Flo is a health app that provides menstruation tracking, cycle prediction, and information concerning preparation for conception, pregnancy, early motherhood and menopause.

The application is available on iOS and Android. Flo has over 200 million downloads worldwide and 48 million monthly active users as of September 2022.

Company History 
Flo was co-founded in 2015 by Dmitry and Yuri Gurski, in Belarus. Dmitry served as the company's CEO.

In 2016, the company raised $1 million in seed round funding from Flint Capital and Haxus Venture Fund.
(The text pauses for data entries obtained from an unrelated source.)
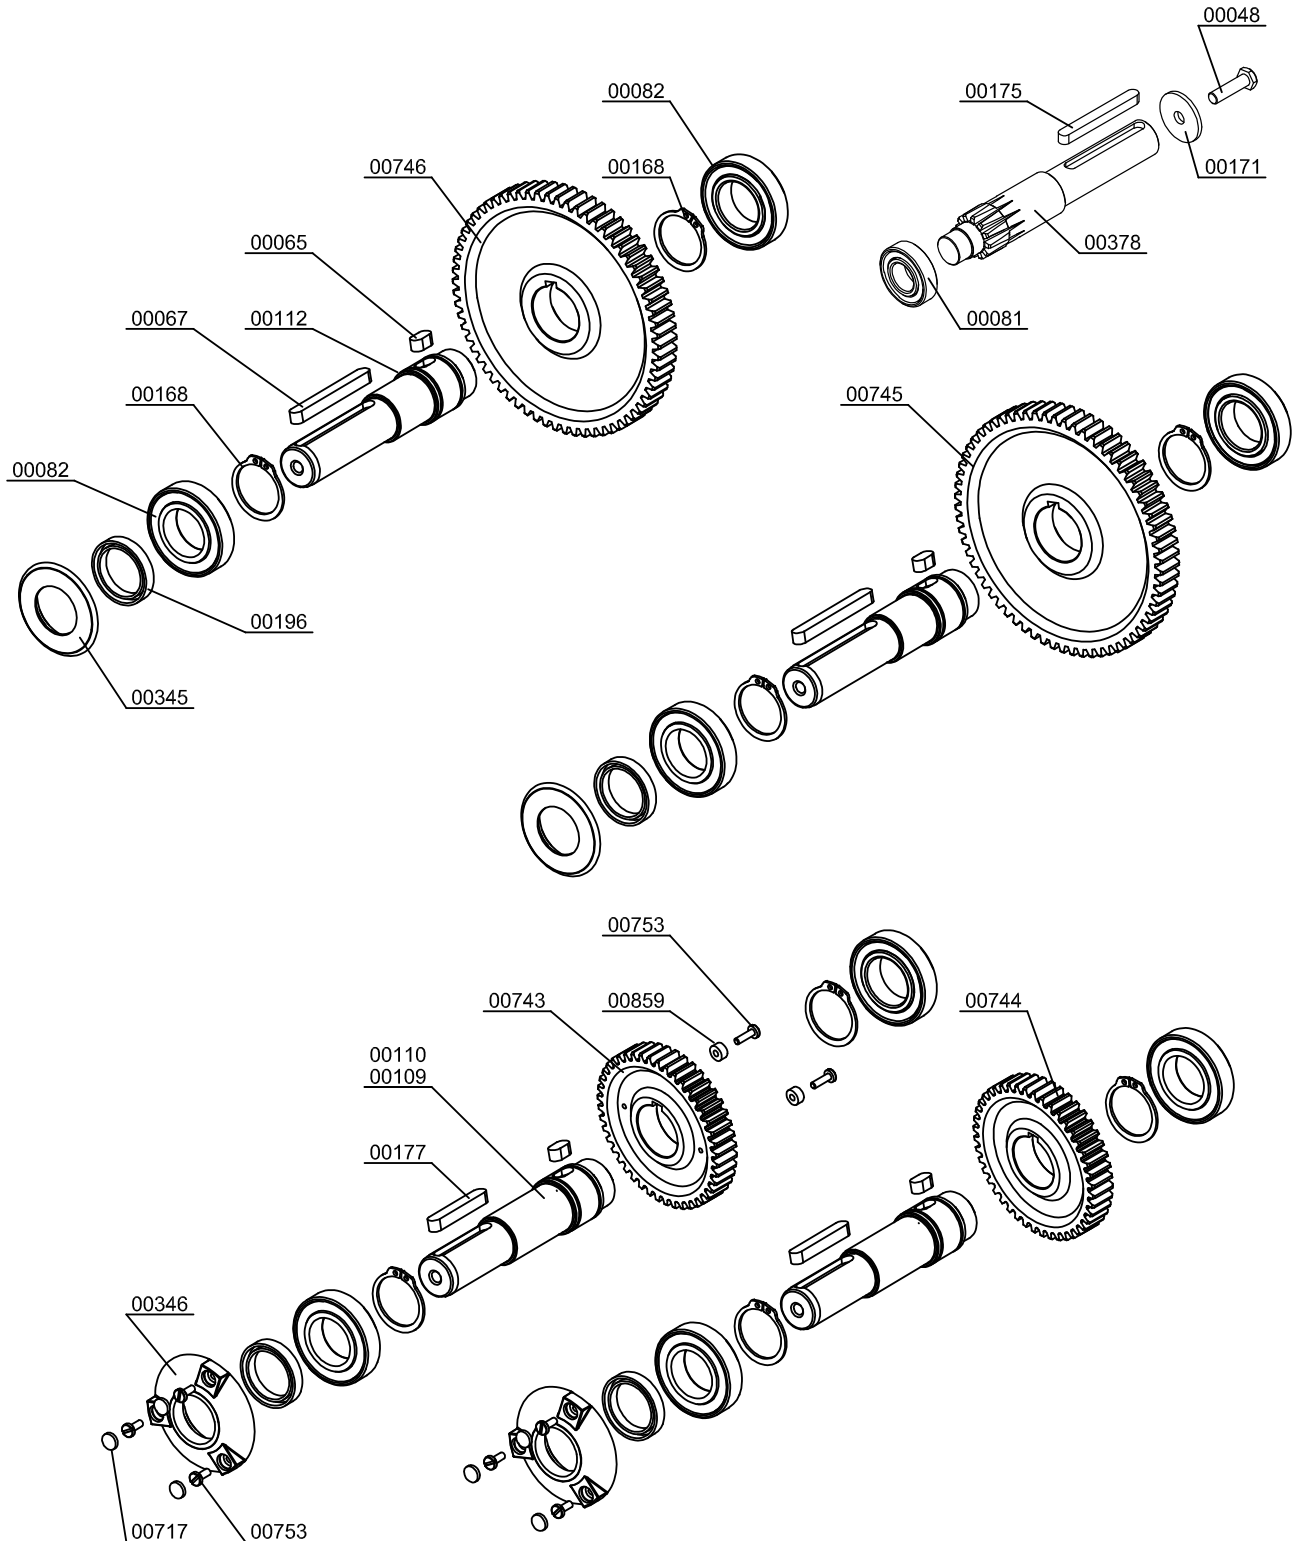

Parts Breakdown

Model JE-ES-0045-B 40547

Parts Breakdown

Model JE-ES-0045-B 40547

Parts Breakdown

Model JE-ES-0045-B 40547

STAINLESS STEEL SELF TAP OPTION

AUTOMATIC SHOWER OPTION

In 2017, Flo received an investment of $5 million from Flint Capital, model Natalia Vodianova and other angel investors. Vodianova also helped develop Flo's "Let’s Talk About it. Period" worldwide awareness campaign, which sought to break the taboo surrounding women's health and periods. In December 2017, Flo began working with the United Nations Population Fund (UNFPA) to spread awareness about women's reproductive and sexual health issues. Also in 2017, Flo launched a question and answer service within the app that allowed users to discuss issues with experts and other users.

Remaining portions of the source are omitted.